Abstract Background: We have performed a head to head comparison of all-oral triplet combination of ixazomib, lenalidomide and dexamethasone (IRD) versus lenalidomide and dexamethasone (RD) in patients with relapsed and refractory multiple myeloma (RRMM) in the routine clinical practice. Methods: A total of 344 patients treated with IRD (N=127) or RD (N=217) were selected for analysis from the Czech Registry of Monoclonal Gammopathies (RMG). Descriptive statistics were used to assess patient’s characteristics associated with the respective therapy.
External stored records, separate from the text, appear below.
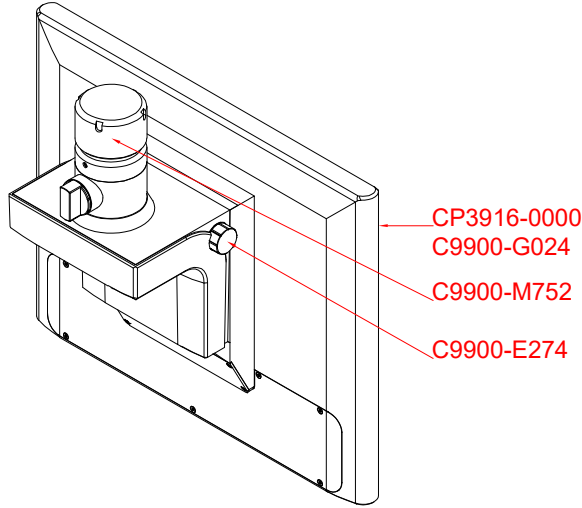

CP3916-0000
with
C9900-G024
C9900-M752
C9900-E274

main dimensions and
fixing points

dimensions in mm

front view

side view

rear view

top view

The primary endpoint was progression free survival (PFS), secondary end points included response rates and overall survival (OS). Survival endpoints were plotted using Kaplan-Meier methodology at 95% Greenwood confidence interval. Univariable and multivariable Cox proportional hazards models were used to evaluate the effect of treatment regimens and the significance of uneven variables. Statistical tests were performed at significance level 0.05.Results: In the whole cohort, median PFS for IRD was 17.5 and for RD was 11.5 months favoring the all-oral triplet, p = 0.005; in patients within relapse 1-3, the median PFS was 23.1 vs 11.6 months, p = 0.001. The hazard ratio for PFS was 0.67 (95% confidence interval [CI] 0.51 – 0.89, p = 0.006). The PFS advantage translated into improved OS for patients treated with IRD, median 36.6 months vs 26.0 months (p = 0.008). The overall response rate (ORR) was 73.0 % in the IRD group vs 66.2 % in the RD group with a complete response rate (CR) of 11.1 % vs 8.8 %, and very good partial response (VGPR) 22.2 % vs 13.9 %, IRD vs RD respectively. The IRD regimen was most beneficial in patients ≤75 years with ISS I, II, and in the first and second relapse. Patients with the presence of extramedullary disease did not benefit from IRD treatment (median PFS 6.5 months). Both regimens were well tolerated, and the incidence of total as well as grade 3/4 toxicities was comparable. Conclusions: Our analysis confirms the results of the TOURMALINE-MM1 study and shows benefit of all-oral triplet IRD treatment versus RD doublet. It demonstrates that the addition of ixazomib to RD improves key survival endpoints in patients with RRMM in a routine clinical setting.